The real problem is when we want to use a list to store the int type, or a map to store the double type as value. Because generics do not support native data types, another option is to replace them with wrapper types, where we use List.

This approach is wasteful because an Integer is a complete object, and the header of an object occupies 12 bytes and its internal maintained int properties, for a total of 16 bytes per Integer object. This consumes four times as much space as storing the same number of int-type list! A more serious problem than this is that, in fact, because Integer is a true object instance, it needs to be considered by the garbage collector during the garbage collection phase.

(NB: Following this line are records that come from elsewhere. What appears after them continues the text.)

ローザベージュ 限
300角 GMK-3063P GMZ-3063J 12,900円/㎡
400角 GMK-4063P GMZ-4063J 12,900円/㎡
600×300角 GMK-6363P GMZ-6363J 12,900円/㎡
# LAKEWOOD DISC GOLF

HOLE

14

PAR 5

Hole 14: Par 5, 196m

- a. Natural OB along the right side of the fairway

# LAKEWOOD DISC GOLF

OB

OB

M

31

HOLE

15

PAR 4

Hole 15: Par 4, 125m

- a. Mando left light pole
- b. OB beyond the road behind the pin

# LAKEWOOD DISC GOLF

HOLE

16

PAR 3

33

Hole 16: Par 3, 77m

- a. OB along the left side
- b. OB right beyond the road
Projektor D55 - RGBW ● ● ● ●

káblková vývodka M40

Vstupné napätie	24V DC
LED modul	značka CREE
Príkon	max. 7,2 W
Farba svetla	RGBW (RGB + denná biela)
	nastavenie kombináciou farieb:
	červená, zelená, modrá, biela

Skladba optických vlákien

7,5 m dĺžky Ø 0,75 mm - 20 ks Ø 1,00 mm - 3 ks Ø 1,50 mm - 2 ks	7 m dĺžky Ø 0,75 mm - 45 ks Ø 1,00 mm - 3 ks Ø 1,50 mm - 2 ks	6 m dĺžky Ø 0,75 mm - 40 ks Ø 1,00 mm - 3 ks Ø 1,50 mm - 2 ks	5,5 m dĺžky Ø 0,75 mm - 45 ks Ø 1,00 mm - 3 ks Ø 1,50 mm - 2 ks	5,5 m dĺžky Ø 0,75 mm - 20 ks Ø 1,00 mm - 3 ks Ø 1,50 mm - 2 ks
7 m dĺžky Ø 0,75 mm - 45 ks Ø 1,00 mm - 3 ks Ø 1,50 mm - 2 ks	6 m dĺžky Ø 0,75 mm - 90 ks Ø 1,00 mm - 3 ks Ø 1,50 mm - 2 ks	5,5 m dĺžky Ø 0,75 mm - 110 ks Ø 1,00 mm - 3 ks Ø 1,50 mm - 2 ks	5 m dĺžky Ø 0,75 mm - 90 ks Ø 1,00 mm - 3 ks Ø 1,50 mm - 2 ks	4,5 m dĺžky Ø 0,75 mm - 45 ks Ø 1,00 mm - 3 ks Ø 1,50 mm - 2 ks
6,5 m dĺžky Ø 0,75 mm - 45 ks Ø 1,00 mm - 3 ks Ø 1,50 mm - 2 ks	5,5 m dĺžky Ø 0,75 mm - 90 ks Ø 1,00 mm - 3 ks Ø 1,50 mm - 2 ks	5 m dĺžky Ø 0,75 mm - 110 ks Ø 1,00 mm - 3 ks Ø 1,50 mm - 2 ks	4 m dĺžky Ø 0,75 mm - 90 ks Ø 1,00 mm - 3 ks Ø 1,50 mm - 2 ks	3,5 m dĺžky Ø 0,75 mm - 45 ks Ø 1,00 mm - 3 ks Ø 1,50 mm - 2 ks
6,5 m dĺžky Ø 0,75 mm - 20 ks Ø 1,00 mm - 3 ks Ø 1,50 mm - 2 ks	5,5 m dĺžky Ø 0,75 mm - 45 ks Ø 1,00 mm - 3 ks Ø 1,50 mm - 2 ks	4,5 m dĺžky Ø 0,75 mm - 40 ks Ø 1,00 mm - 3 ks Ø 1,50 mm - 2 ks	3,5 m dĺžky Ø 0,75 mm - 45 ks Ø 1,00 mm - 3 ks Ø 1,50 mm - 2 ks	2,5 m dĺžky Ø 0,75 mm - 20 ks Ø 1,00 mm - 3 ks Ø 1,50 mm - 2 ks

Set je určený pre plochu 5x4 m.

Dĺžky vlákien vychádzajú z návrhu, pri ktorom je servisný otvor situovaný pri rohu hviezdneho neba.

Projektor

To deal with this problem, we use the great Trove collection library in Takipi. Trove removes the specificity of some generics to support specific collections of native types that use memory more efficiently. For example, we use Map, which consumes a lot of performance, and there is another special option in Trove in the form of TIntDoubleMap

TIntDoubleMap map = new TIntDoubleHashMap ()

Map.put (5,7.0)

Map.put (- 1, 9.999)

...

The underlying implementation of Trove uses arrays of native types, so boxing (int- > Integer) or unboxing (Integer- > int) of elements does not occur when manipulating the collection, and no objects are stored because the underlying data is stored using native data types.

That's all for "how to reduce the cost of Java garbage collection". Thank you for reading. If you want to know more about the industry, you can follow the industry information channel. The editor will update different knowledge points for you every day.

Welcome to subscribe "Shulou Technology Information " to get latest news, interesting things and hot topics in the IT industry, and controls the hottest and latest Internet news, technology news and IT industry trends.

*The comments in the above article only represent the author's personal views and do not represent the views and positions of this website. If you have more insights, please feel free to contribute and share.